Я не стал скрывать свою национальность, подобно Сашке.
— Еврей. Из Москвы, — подтвердил я.
— Еврей из Москва — плахой чэлавек! — презрительно сказал Мамедиашвили и больше не удостаивал меня разговором.
Между прочим, многие из ишачников (так в обозе называли солдат, работавших с ишаками, в отличие от коноводов) носили подобные же фамилии: Намиашвили, Утиашвили, Додашвили. Зная знаменитую грузинскую фамилию Джугашвили, которую прежде носил товарищ Сталин, я не сомневался, что все они из грузинских племен, и только много позже, когда я уже иммигрировал в Израиль, установил, что все они были моими братьями, с которыми я объединился на своей исторической родине.

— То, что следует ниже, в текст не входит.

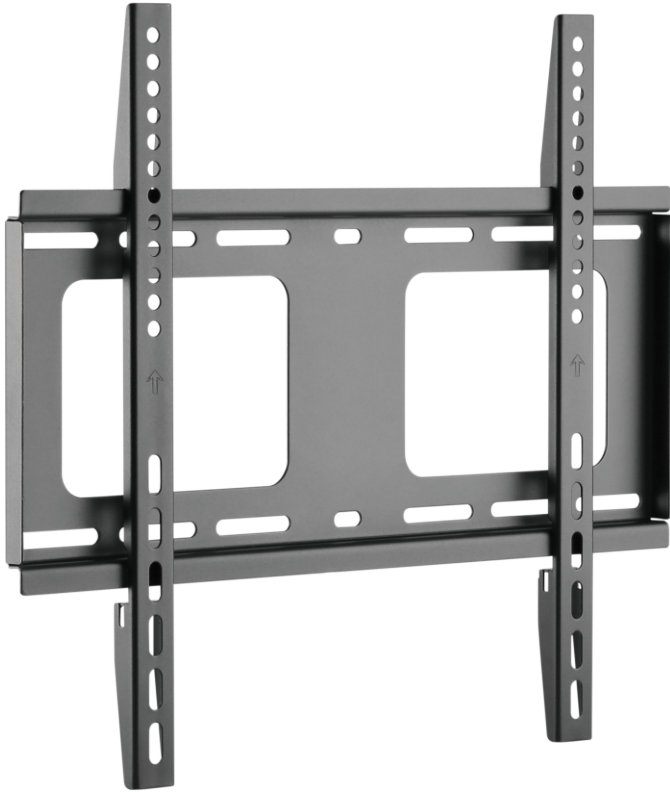

Heavy-duty Fixed TV Wall Mount

For most 23"-40" Flat Panel TVs

QP38-44F

MOST
23"-40"
MAX VESA 400x400

RATED
80kg/176lbs

Four Times
Strength
Tested

22mm

VESA
Compatible

200x200, 400x200,
300x300, 400x400

Q-Tee offers the most comprehensive range of brackets and mounts for LED / LCD / OLED and Plasma Displays. Our products are engineered to the highest quality and designed to fit VESA and Non-VESA standards to make installations quick and easy. Regardless of the application, Q-Tee has the solution to suit your requirements for both domestic and commercial applications.
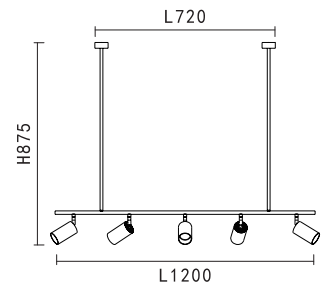

PRODUCT SIZE WEIGHT

2.1kg
W:30mm
H:875mm
L:1200mm
D:57mm

KL-SP00239

LAMP DETAILS

Gu10 1x35W max
Optional:LED

PRODUCT DETAILS

220-240V~ 50/60Hz
Material:aluminium

PRODUCT SIZE WEIGHT

0.54kg
H:350mm
D:56.5mm
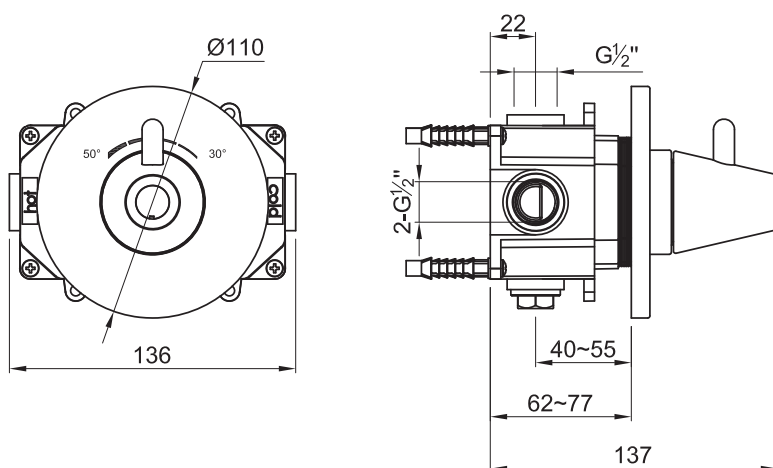

# JEE-O cone thermostat

Article code:	900-2500 ● Brushed 900-2506 ● Gun metal	Connection:	2 x G 1/2" (Ø15mm / 0.6")
Material:	Stainless Steel r304	Thread:	British Standard Pipe (BSP)
Cleaning instructions:	download JEE-O shower and taps manual on our website: <a href="http://www.jee-o.com">www.jee-o.com</a>	Dimension package:	L 28 x W 18 x H 16 cm
Cartridges:	Vernet mixing mechanism (thermostatic) item code 005-0501	Total weight:	1.9 kg
Flow at water of 38°C:	12l p/m at 3Bar pressure	Package weight:	0.4 kg
Pressure:	Recommended working pressure 3Bar	2 year warranty - The general conditions can be found on our website: <a href="http://www.jee-o.com/downloads">www.jee-o.com/downloads</a>	
		HS code:	84248970

Ишаки сперва меня тоже не признавали. Это были те самые животные, из-за которых случилось ЧП, и теперь они находились в обозе как бы на положении штрафников. Конечно же, нельзя было бы обвинять этих животных в том, что именно они виноваты в срыве важнейшего политического мероприятия, которому придавало такое большое значение Политбюро и лично товарищ Сталин, но все же определенная доля вины на них легла.
Ишаков не таскали по Особым отделам, так как даже Особый отдел, который обычно знает что к чему, не решился заподозрить их в преступном умысле. Но определенные оргмеры в отношении них были приняты без промедления: специальным приказом по полку, последовавшим сразу же после ЧП, ишаки впредь и навсегда были удалены от мест построений личного состава не менее чем на два километра.

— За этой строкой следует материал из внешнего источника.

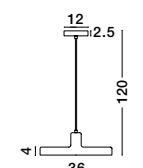

CHIOTO - 540602

Matt Black Steel Outside
Shiny White Steel Inside
Black Fabric Wire
LED E27 1x12 Watt 230 Volt
IP20 Bulb Excluded
D: 36 H: 4 H₂: 120 cm
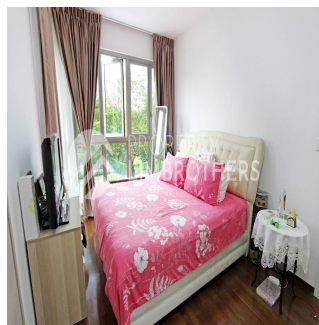

Pentkhaus

3 Bedroom Low Floor Apartment

???????, ?????? ????????, Sheung WAN, Pasir Ris Link, , ,

TSINA PRODAZHU

\$ 868700.00

🏠 1119 qft 📏 6 kimnaty 🚗 3 spal?ni 🚿 3 vanni kimnaty

🏠 3 poverhy 📏 3 qft zemel?na ploshcha 🚗 3 avtomobil?ni mistsya

Melvin Lim

Property Lim Brothers

Singapore, Singapore - Mistsevyv Chas

+65 90676710

This Low Floor apartment presents a view of the greenery surrounding the development. Thou on low level, low floor lovers will definitely fall in love with this unit. Condition is great. Selling with running tenancy. Layout for this 3 bedder at 1119sqft will be something that your family will love to have.
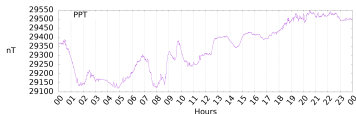

Sudden impulse detected on the 2024-05-10 at 23:56:44 UTC

Score : values ≥ 0.9 for a period ≥ 180 seconds are indicative of SI

Observatory North component variations
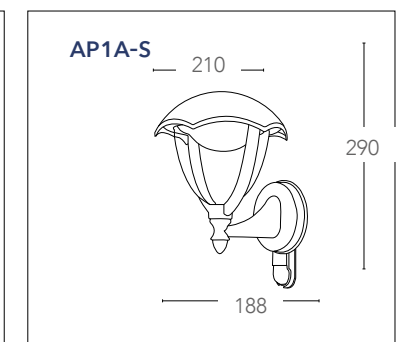

informazioni tecniche - technical information

LANT-MEGAN/AP1A 8031440361453	4000K	12W	800 Lumen	IP43	>10 000 on/off	h 15 000	230V DRIVER FREE
LANT-MEGAN/AP1A-S 8031440361460	4000K	12W	800 Lumen	IP43	>10 000 on/off	h 15 000	230V DRIVER FREE 90° 10LUX 5sec.- 5 min. 1-8 m
LANT-MEGAN/AP1B 8031440361477	4000K	12W	800 Lumen	IP43	>10 000 on/off	h 15 000	230V DRIVER FREE
LANT-MEGAN/S1 8031440361507	4000K	12W	800 Lumen	IP43	>10 000 on/off	h 15 000	230V DRIVER FREE

Приказ предназначался не столько для ишаков, сколько для высоких обозных инстанций, откуда после ЧП могли последовать всякие ревизии.
Исполнение этого приказа и было возложено на меня — я должен был пасти ишаков в светлое время суток — от рассвета до заката. В темное время суток за ишаков отвечали елдаши под командованием Мамедиашвили. Они под покровом темноты гоняли ишаков со склада боеприпасов на передовую и обратно, доставляя патроны, мины и снаряды.

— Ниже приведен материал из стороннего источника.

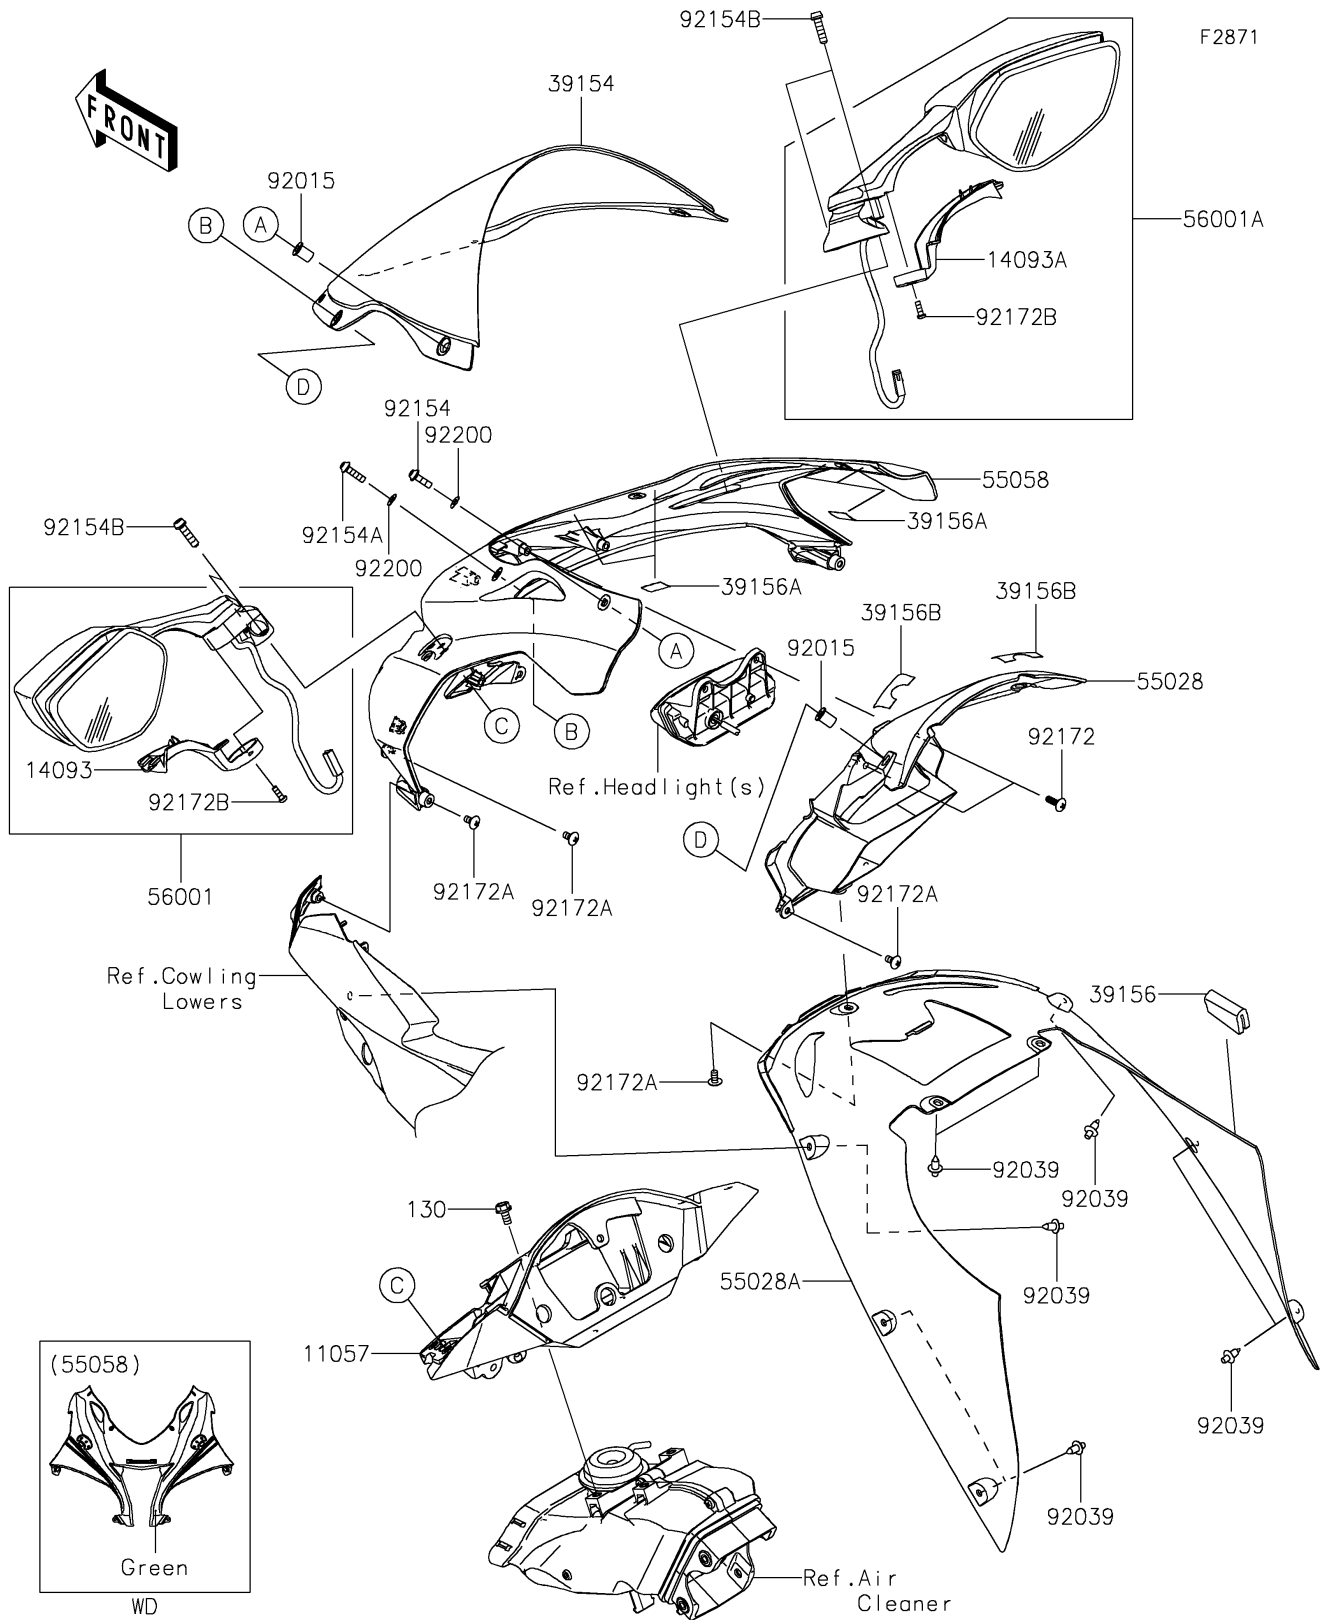

2019 PARTS DIAGRAM

Cowling

2019 PARTS LIST

Cowling

ITEM NAME	PART NUMBER	QUANTITY
BRACKET,METER (Ref # 11057)	11057-0072	1
BOLT-FLANGED,6X12 (Ref # 130)	130BA0612	1
COVER,MIRROR,LH (Ref # 14093)	14093-0343	1
COVER,MIRROR,RH (Ref # 14093A)	14093-0344	1
WINDSHIELD (Ref # 39154)	39154-0351	1
PAD (Ref # 39156)	39156-0292	1
PAD,15X20X0.2 (Ref # 39156A)	39156-1784	1
PAD (Ref # 39156B)	39156-2105	1
COWLING,RAM AIR (Ref # 55028)	55028-0573	1
COWLING,FR,CNT (Ref # 55028A)	55028-0578	1
COWLING,UPP,L.GREEN (Ref # 55058)	55058-5311-777	1
MIRROR-ASSY,LH (Ref # 56001)	56001-0322	1
MIRROR-ASSY,RH (Ref # 56001A)	56001-0323	1
NUT,WELL,5MM (Ref # 92015)	92015-1757	1
RIVET (Ref # 92039)	92039-0068	1
BOLT,SOCKET,5X16 (Ref # 92154)	92154-0209	1
BOLT,SOCKET,5X20 (Ref # 92154A)	92154-0210	1
BOLT,SOCKET,6X22,MEC (Ref # 92154B)	92154-2736	1
SCREW,TAPPING,5X16 (Ref # 92172)	92172-0175	1
SCREW,TAPPING,5X10 (Ref # 92172A)	92172-0335	1
SCREW-PAN-CROS,4X10 (Ref # 92172B)	92172-0871	1
WASHER,5.2X10X1.0 (Ref # 92200)	92200-1820	1

Другая мера, в приказе не упомянутая, покарала ишаков куда чувствительнее. Полковой начпрод сразу же после ЧП, проявив политическую сознательность, приказал снять ишаков с фуражного довольствия и полностью перевести на подножный корм.
— Где ж это видано, где ж это слыхано, чтоб ишаков кормили овсом? — заявил он, перефразируя известное стихотворение Маршака. — Мы коням лучше норму прибавим.
Эта непродуманная мера едва вторично не привела к трагическим последствиям как для полка в целом, так и для меня лично.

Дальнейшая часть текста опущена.